# PixNerd Unconditional Generation

This notebook demonstrates unconditional image generation using a pretrained PixNerd checkpoint.
By setting guidance=1.0 and using only the unconditional embedding, we can generate random coherent images
without any text or class conditioning.

Super-resolution is still supported via the NF decoder patch scaling mechanism.

## Environment Setup

- Requires a GPU runtime
- Assumes dependencies from `requirements.txt` are installed
- Place the checkpoint at `PixNerd/checkpoints/checkpoints/PixNerd-XXL-P16-T2I/model.ckpt`
- Text encoder: Auto-detects local Qwen3-1.7B or downloads from HuggingFace (`Qwen/Qwen3-1.7B`)

In [None]:
# Navigate to PixNerd folder where src/ is located
import os
import sys

# Get the directory containing this notebook
NOTEBOOK_DIR = os.getcwd()
print(f"Starting directory: {NOTEBOOK_DIR}")

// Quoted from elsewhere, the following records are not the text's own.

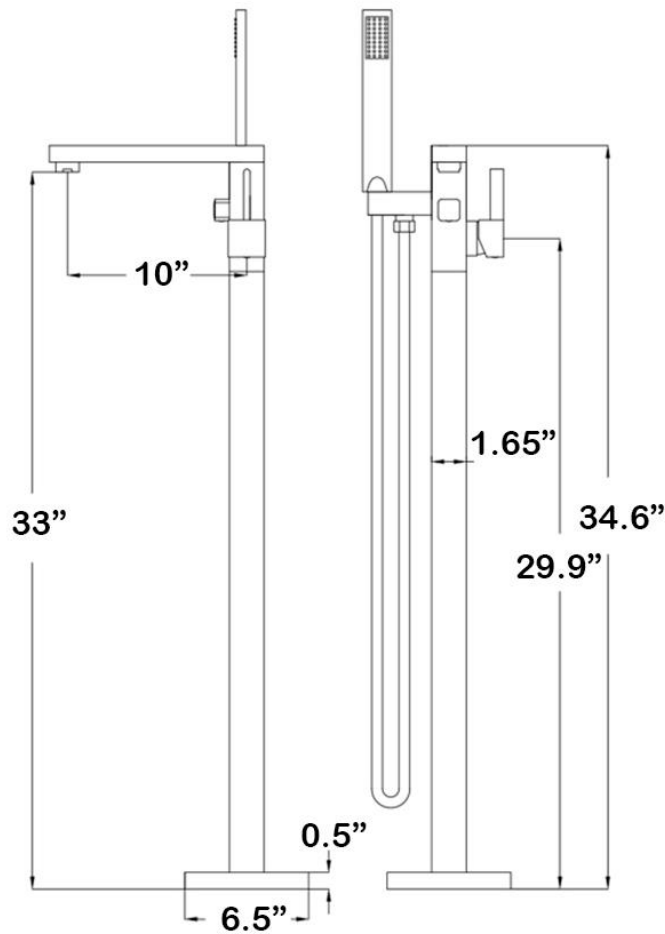

bathonomy

SPEC SHEET

Codes/Standards

RIC.TFA.DEV.35.00.BR.BNI

Devon Tub Faucet - Free Standing - 35"

Features

- Ceramic cartridge 1 3/8 inch.
- Flow rate: 1.75 gpm @ 80 psi / 6.5 Lmin @ 550 kPa.
- Hand shower hose 5 Ft length.
- Minimum dynamic pressure: 0.5 Bar (7 1/4 Psi).
- Maximum operational pressure: 10 Bar (145 Psi).
- Recommended operational pressure: 3-5 Bar.

Material

- Premium material construction with metal handle ensures reliability and durability.
- BATHONOMY finishes resist corrosion and tarnishing.
- Brass.

Dimensions

- W: 6.5" * H: 35" * D: 10"

Weight

- 11.0 Lb.

bathonomy

SPEC SHEET

Drawing

Devon Tub Faucet - Free
Standing - 35"

Codes / Standards compliance: Uniform Plumbing Code (UPC)
National Plumbing Code of Canada
ASME A112.18.1-2018 / CSA B125.1-18 / ASSE 1016
IAPMO file number: 8659 (for more info visit: <http://pld.iapmo.org/default.aspx>)

Technical Information

All product dimensions are nominal.

Shower head included: No

Shower arm: No

Notes

Install the product according to the installation guide.

2700 SW 3rd Ave Suite 1B, Miami, FL 33129

Tbboutique reserves the right to make revisions without notice to product specifications. For the most current Specification Sheet, go to ww.tbboutique.com. 20-11-2021 10:53 - US/CO

# Navigate to PixNerd folder (where src/ lives)
PIXNERD_DIR = os.path.join(NOTEBOOK_DIR, "PixNerd")
if os.path.exists(PIXNERD_DIR):
    os.chdir(PIXNERD_DIR)
    print(f"Changed to: {os.getcwd()}")
elif os.path.basename(NOTEBOOK_DIR) == "PixNerd":
    print(f"Already in PixNerd directory: {NOTEBOOK_DIR}")
else:
    # Try parent directory
    parent = os.path.dirname(NOTEBOOK_DIR)
    pixnerd_in_parent = os.path.join(parent, "PixNerd")
    if os.path.exists(pixnerd_in_parent):
        os.chdir(pixnerd_in_parent)
        print(f"Changed to: {os.getcwd()}")
    else:
        print(f"WARNING: Could not find PixNerd folder. Current dir: {NOTEBOOK_DIR}")

# Verify src/ exists
if os.path.exists("src"):
    print("Found src/ directory")
else:
    print("ERROR: src/ directory not found!")

In [None]:
import os
from pathlib import Path
import math
import numpy as np
import torch
import torch.nn.functional as F
import matplotlib.pyplot as plt
from PIL import Image

# Paths (relative to PixNerd directory)
PIXNERD_ROOT = Path(os.getcwd())

# ============================================================
# CHECKPOINT PATH - UPDATE THIS TO YOUR CHECKPOINT LOCATION
# ============================================================
CKPT_PATH = PIXNERD_ROOT / "checkpoints" / "checkpoints" / "PixNerd-XXL-P16-T2I" / "model.ckpt"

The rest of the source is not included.